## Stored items
* * * * * * *
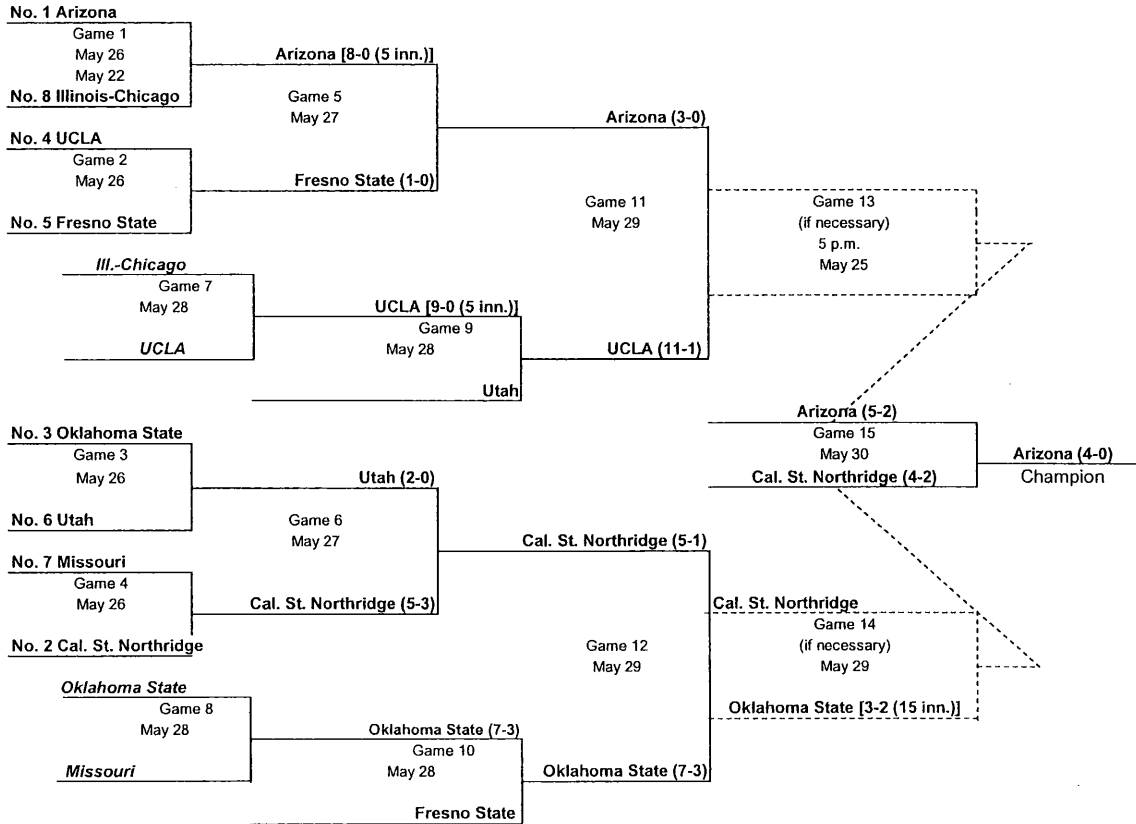

1993 NCAA WCWS- Championship Game
UCLA vs Arizona - Play-by-Play
May 31, 1993 at Oklahoma City, OK (Hall of Fame Stadium)

Score by Innings	R	H	E
UCLA.....	000	000	0 - 0 2 2
Arizona.....	100	000	X - 1 1 0

UCLA starters: 8/2b KE.HOWARD; 22/cf EVANS; 16/p FERNANDEZ; 4/ss KR.HOWARD; 13/1f BREWSTER; 12/rf DEFFENBAUGH; 7/1b ALCHIN; 17/3b VICTORIA; 2/c INOUYE;
Arizona starters: 13/1b CHELLEVOLD; 24/cf HEGGEN; 20/dh O'BRIEN; 16/ss DALTON; 15/c PRUITT; 1/p PARRA; 11/rf GUISE; 8/2b GOMEZ; 23/1f REDONDO; 5/3b DUARTE;

UCLA 1st - KE.HOWARD grounded out to 2b. EVANS out at first c to 2b, bunt. FERNANDEZ grounded out to ss. 0 runs, 0 hits, 0 errors, 0 LOB.

Arizona 1st - CHELLEVOLD reached on a throwing error by ss. HEGGEN out at first p to 2b, SAC, bunt; CHELLEVOLD advanced to second. O'BRIEN singled up the middle, advanced to second on the throw, RBI; CHELLEVOLD scored, unearned. DALTON walked. PRUITT struck out swinging. PARRA flied out to lf. 1 run, 1 hit, 1 error, 2 LOB.

UCLA 2nd - KR.HOWARD grounded out to p. BREWSTER struck out swinging. DEFFENBAUGH flied out to rf. 0 runs, 0 hits, 0 errors, 0 LOB.

Arizona 2nd - GUISE struck out looking. GOMEZ grounded out to p. REDONDO struck out swinging. 0 runs, 0 hits, 0 errors, 0 LOB.

UCLA 3rd - ALCHIN singled to left field. VICTORIA out at first 3b to 2b, SAC, bunt; ALCHIN advanced to second. INOUYE struck out swinging. KE.HOWARD walked. BRUNDAGE pinch hit for EVANS. BRUNDAGE grounded out to ss. 0 runs, 1 hit, 0 errors, 2 LOB.

Arizona 3rd - EVANS to cf for BRUNDAGE. CHELLEVOLD out at first p to 2b. HEGGEN grounded out to ss. O'BRIEN grounded out to 1b unassisted. 0 runs, 0 hits, 0 errors, 0 LOB.

UCLA 4th - FERNANDEZ singled to left field. ANDERSON pinch ran for FERNANDEZ. KR.HOWARD reached on a fielder's choice, bunt; ANDERSON out at second 3b to ss. BREWSTER grounded out to 3b; KR.HOWARD advanced to second. DEFFENBAUGH grounded out to p. 0 runs, 1 hit, 0 errors, 1 LOB.

Arizona 4th - FERNANDEZ to p for ANDERSON. DALTON reached on a throwing error by ss. DALTON advanced to second on a wild pitch. PRUITT out at first p to 2b, SAC, bunt; DALTON advanced to third. PARRA struck out looking. GUISE grounded out to ss. 0 runs, 0 hits, 1 error, 1 LOB.

UCLA 5th - ALCHIN lined out to 2b. VICTORIA popped up to 2b. INOUYE popped up to 2b. 0 runs, 0 hits, 0 errors, 0 LOB.

Arizona 5th - GOMEZ out at first 3b to 2b. REDONDO grounded out to ss. CHELLEVOLD popped up to ss. 0 runs, 0 hits, 0 errors, 0 LOB.

UCLA 6th - KE.HOWARD struck out swinging. EVANS out at first 3b to 2b. FERNANDEZ walked. KR.HOWARD popped up to 2b. 0 runs, 0 hits, 0 errors, 1 LOB.

Arizona 6th - HEGGEN grounded out to p. O'BRIEN grounded out to 2b. DALTON grounded out to 3b. 0 runs, 0 hits, 0 errors, 0 LOB.

UCLA 7th - BREWSTER struck out swinging. DEFFENBAUGH struck out swinging. ALCHIN struck out looking. 0 runs, 0 hits, 0 errors, 0 LOB.

1994 National Collegiate Division I Women's
SOFTBALL
CHAMPIONSHIP
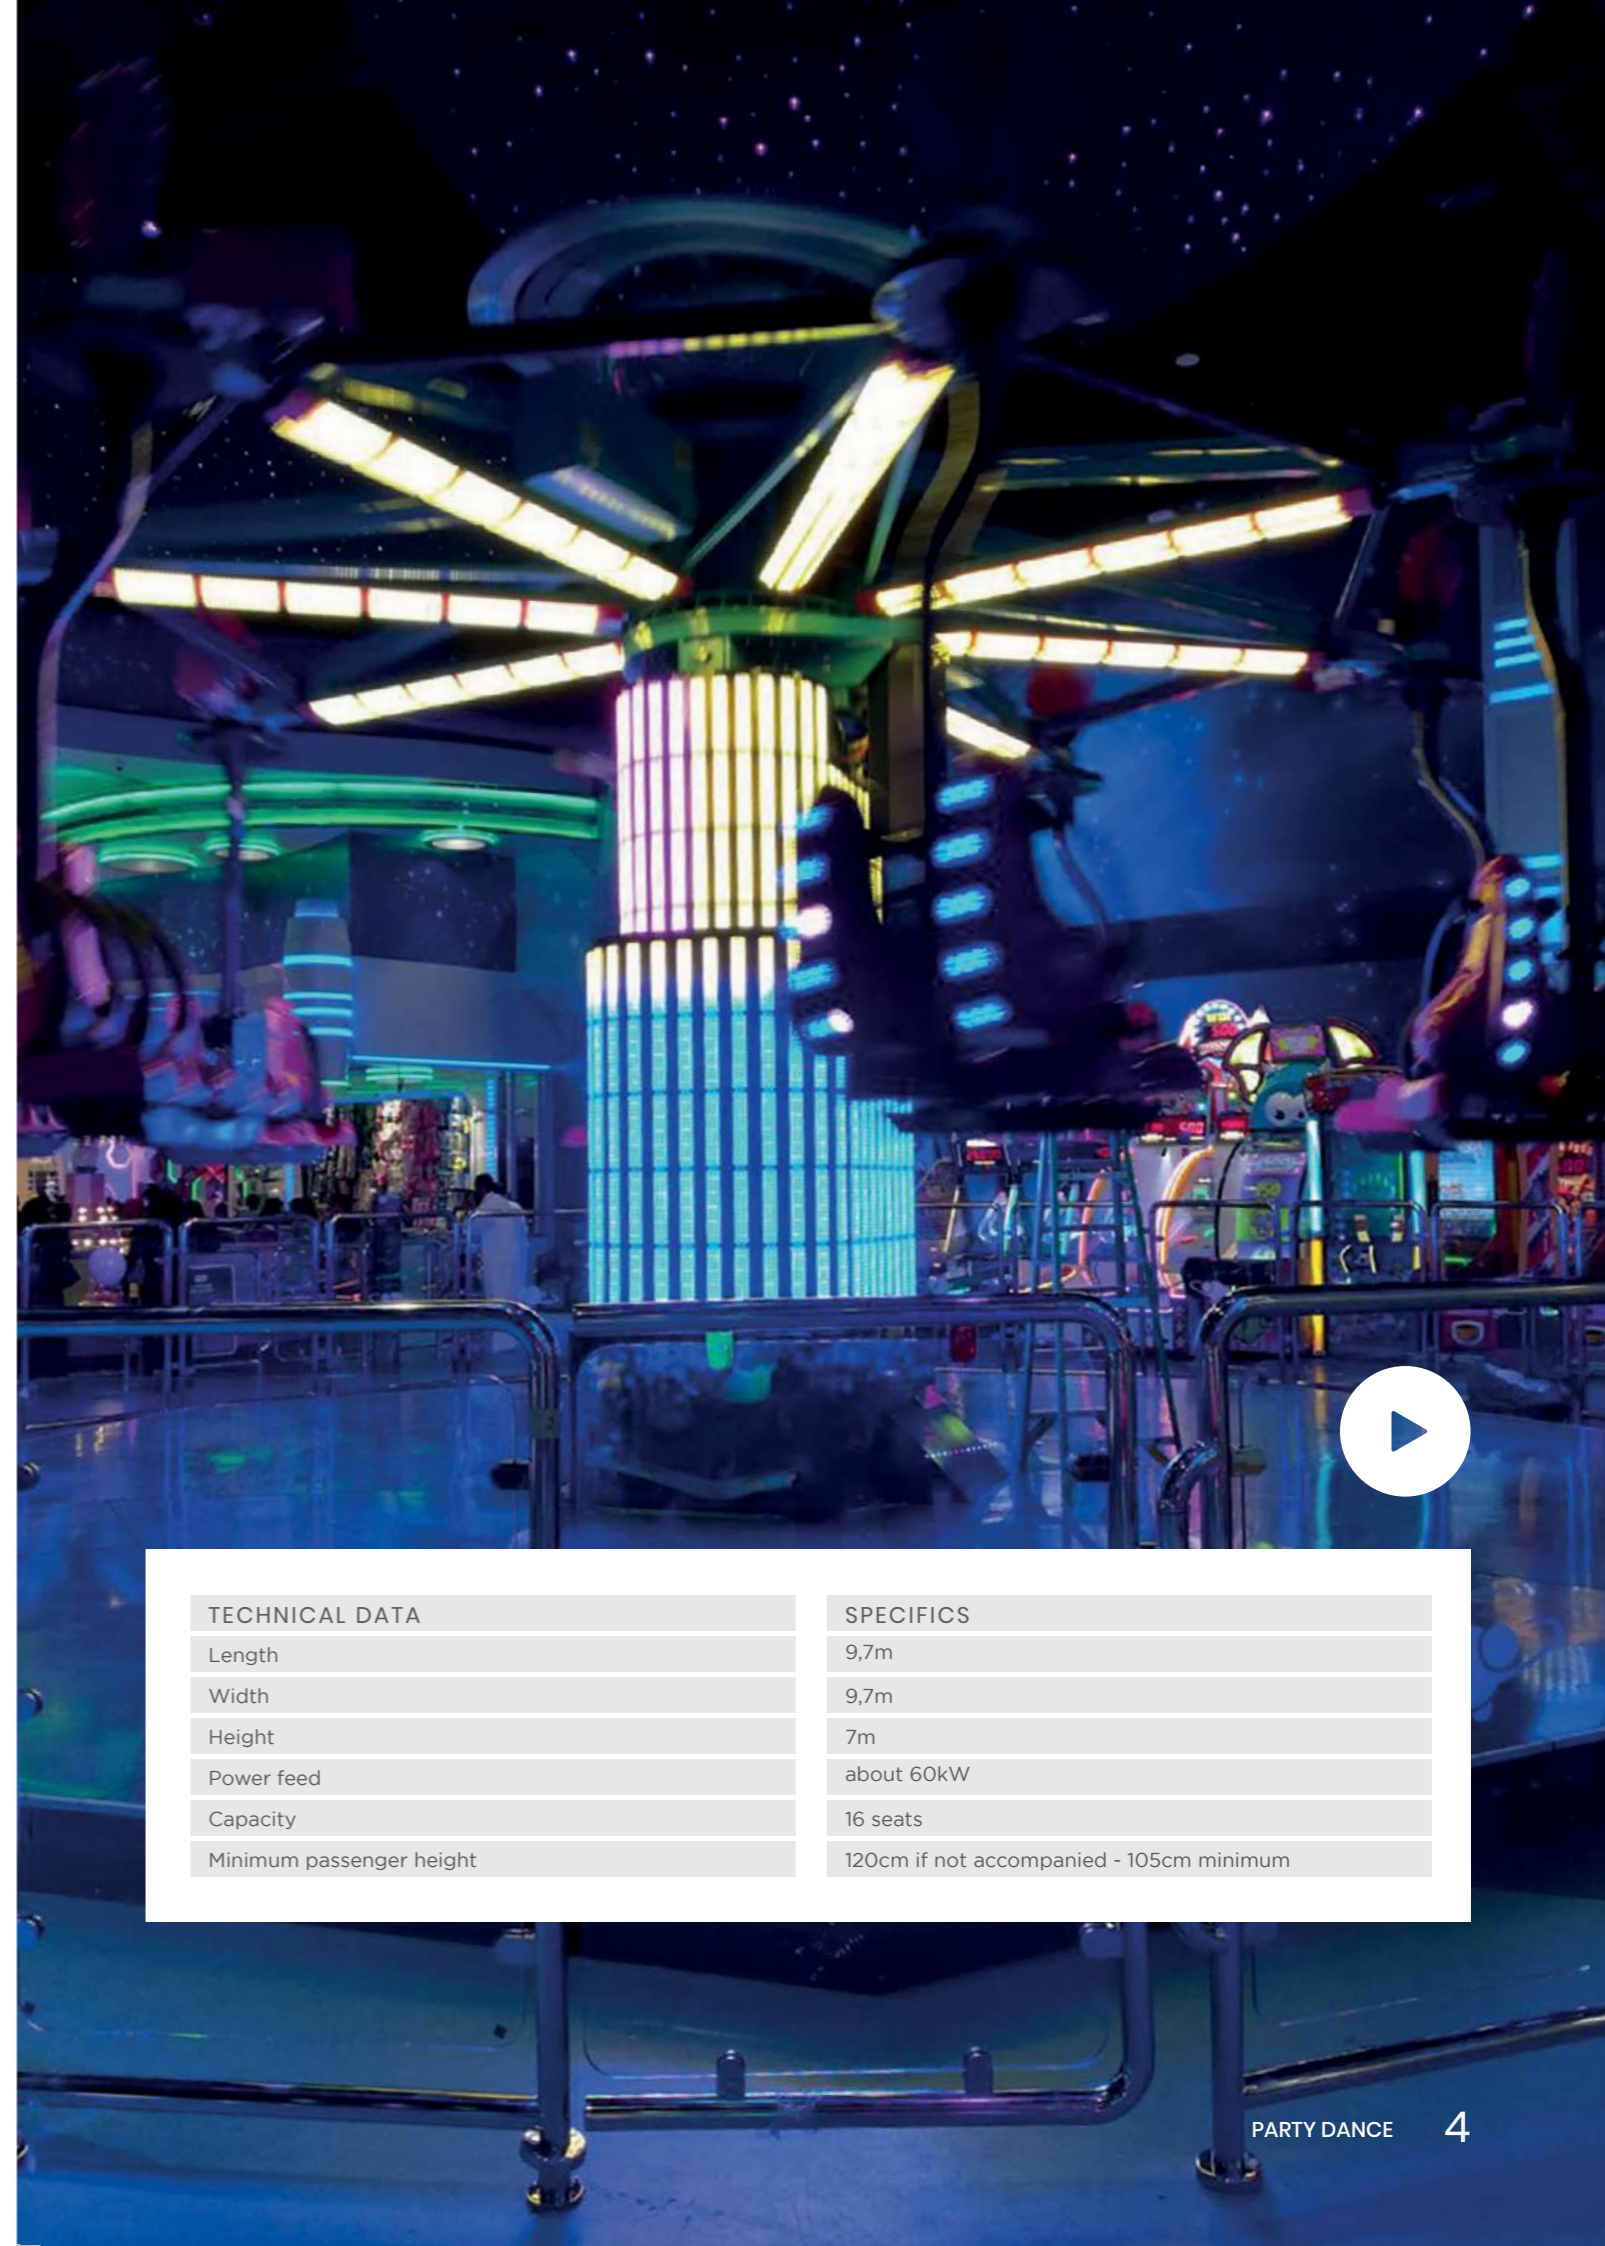

PARTY DANCE

Party Dance

The perfect fusion between classic carousels and drop towers, enriched with a thrilling interactive experience. It consists of a central column supporting 8 rotating arms with suspended gondolas.

The special innovation of Party Dance is to combine 3 different effects in one: it moves up and down as a drop tower, the central column and each seat rotate 360°.

TECHNICAL DATA

Length	9,7m
Width	9,7m
Height	7m
Power feed	about 60kW
Capacity	16 seats
Minimum passenger height	120cm if not accompanied - 105cm minimum
* * * * * * *
## Work to be completed
Could you set down verbatim the lines from the beginning of the entries above through the line containing "UCLA starters: 8/2b", both included, leaving out the pictures?

## Solution below
1993 NCAA WCWS- Championship Game
UCLA vs Arizona - Play-by-Play
May 31, 1993 at Oklahoma City, OK (Hall of Fame Stadium)

Score by Innings	R	H	E
UCLA.....	000	000	0 - 0 2 2
Arizona.....	100	000	X - 1 1 0

UCLA starters: 8/2b KE.HOWARD; 22/cf EVANS; 16/p FERNANDEZ; 4/ss KR.HOWARD; 13/1f BREWSTER; 12/rf DEFFENBAUGH; 7/1b ALCHIN; 17/3b VICTORIA; 2/c INOUYE;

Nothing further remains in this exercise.